<<<<

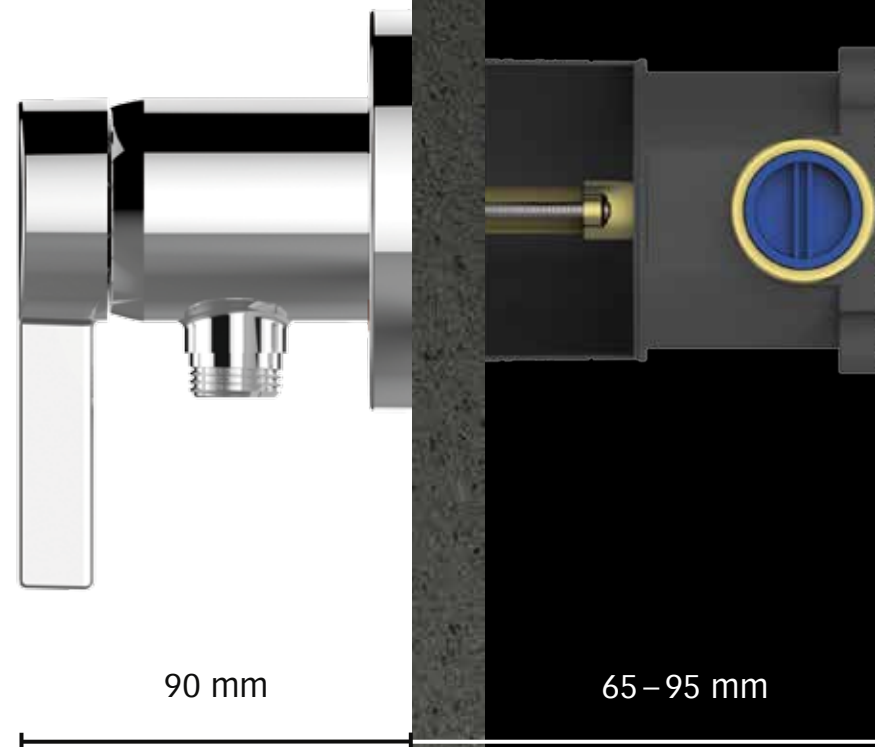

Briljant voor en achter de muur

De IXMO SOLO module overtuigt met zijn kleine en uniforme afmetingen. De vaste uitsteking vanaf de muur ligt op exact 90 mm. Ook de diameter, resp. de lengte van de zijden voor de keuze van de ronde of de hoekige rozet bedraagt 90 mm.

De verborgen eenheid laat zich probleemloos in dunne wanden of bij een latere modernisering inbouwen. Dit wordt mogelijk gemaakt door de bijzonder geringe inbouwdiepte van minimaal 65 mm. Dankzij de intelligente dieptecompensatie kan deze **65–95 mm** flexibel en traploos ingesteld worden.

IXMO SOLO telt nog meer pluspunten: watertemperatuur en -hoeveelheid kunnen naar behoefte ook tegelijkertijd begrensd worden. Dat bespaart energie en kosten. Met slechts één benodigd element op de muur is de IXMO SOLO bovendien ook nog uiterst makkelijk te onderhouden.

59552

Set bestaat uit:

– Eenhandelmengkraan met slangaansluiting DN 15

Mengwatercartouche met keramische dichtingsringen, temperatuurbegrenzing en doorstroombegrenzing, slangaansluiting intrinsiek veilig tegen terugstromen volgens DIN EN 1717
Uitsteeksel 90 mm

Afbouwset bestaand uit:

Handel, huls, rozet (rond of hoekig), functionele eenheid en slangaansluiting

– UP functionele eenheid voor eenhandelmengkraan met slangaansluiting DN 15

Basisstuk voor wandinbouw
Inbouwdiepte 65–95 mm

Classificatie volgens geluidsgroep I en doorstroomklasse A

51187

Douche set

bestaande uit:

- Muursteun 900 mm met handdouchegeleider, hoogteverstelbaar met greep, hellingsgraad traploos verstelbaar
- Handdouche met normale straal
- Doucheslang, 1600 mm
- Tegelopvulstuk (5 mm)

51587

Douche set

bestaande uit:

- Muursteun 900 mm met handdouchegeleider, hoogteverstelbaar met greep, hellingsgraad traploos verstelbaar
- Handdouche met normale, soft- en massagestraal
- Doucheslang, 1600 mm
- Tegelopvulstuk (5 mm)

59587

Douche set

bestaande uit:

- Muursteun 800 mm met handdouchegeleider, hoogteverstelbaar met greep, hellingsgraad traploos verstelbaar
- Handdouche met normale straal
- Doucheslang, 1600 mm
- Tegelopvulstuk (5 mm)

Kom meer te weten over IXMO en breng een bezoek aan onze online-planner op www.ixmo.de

>>>>
<<<<

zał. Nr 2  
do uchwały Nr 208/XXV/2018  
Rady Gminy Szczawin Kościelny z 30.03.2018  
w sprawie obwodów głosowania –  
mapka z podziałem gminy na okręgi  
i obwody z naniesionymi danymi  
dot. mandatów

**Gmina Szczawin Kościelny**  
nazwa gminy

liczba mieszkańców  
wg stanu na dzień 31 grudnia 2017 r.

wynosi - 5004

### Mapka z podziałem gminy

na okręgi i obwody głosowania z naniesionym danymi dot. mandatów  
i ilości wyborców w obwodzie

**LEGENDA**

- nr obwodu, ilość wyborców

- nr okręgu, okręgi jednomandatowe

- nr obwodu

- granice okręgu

>>>>

> _Problem requirements_: Within the listing above, extract exactly the lines from the line with "voor eenhandelmengkraan met slangaansluiting DN 15" to the line with "Kom meer te", the two named lines included, and no others.

> _Answer space_:
– UP functionele eenheid voor eenhandelmengkraan met slangaansluiting DN 15

Basisstuk voor wandinbouw
Inbouwdiepte 65–95 mm

Classificatie volgens geluidsgroep I en doorstroomklasse A

51187

Douche set

bestaande uit:

- Muursteun 900 mm met handdouchegeleider, hoogteverstelbaar met greep, hellingsgraad traploos verstelbaar
- Handdouche met normale straal
- Doucheslang, 1600 mm
- Tegelopvulstuk (5 mm)

51587

Douche set

bestaande uit:

- Muursteun 900 mm met handdouchegeleider, hoogteverstelbaar met greep, hellingsgraad traploos verstelbaar
- Handdouche met normale, soft- en massagestraal
- Doucheslang, 1600 mm
- Tegelopvulstuk (5 mm)

59587

Douche set

bestaande uit:

- Muursteun 800 mm met handdouchegeleider, hoogteverstelbaar met greep, hellingsgraad traploos verstelbaar
- Handdouche met normale straal
- Doucheslang, 1600 mm
- Tegelopvulstuk (5 mm)

Kom meer te weten over IXMO en breng een bezoek aan onze online-planner op www.ixmo.de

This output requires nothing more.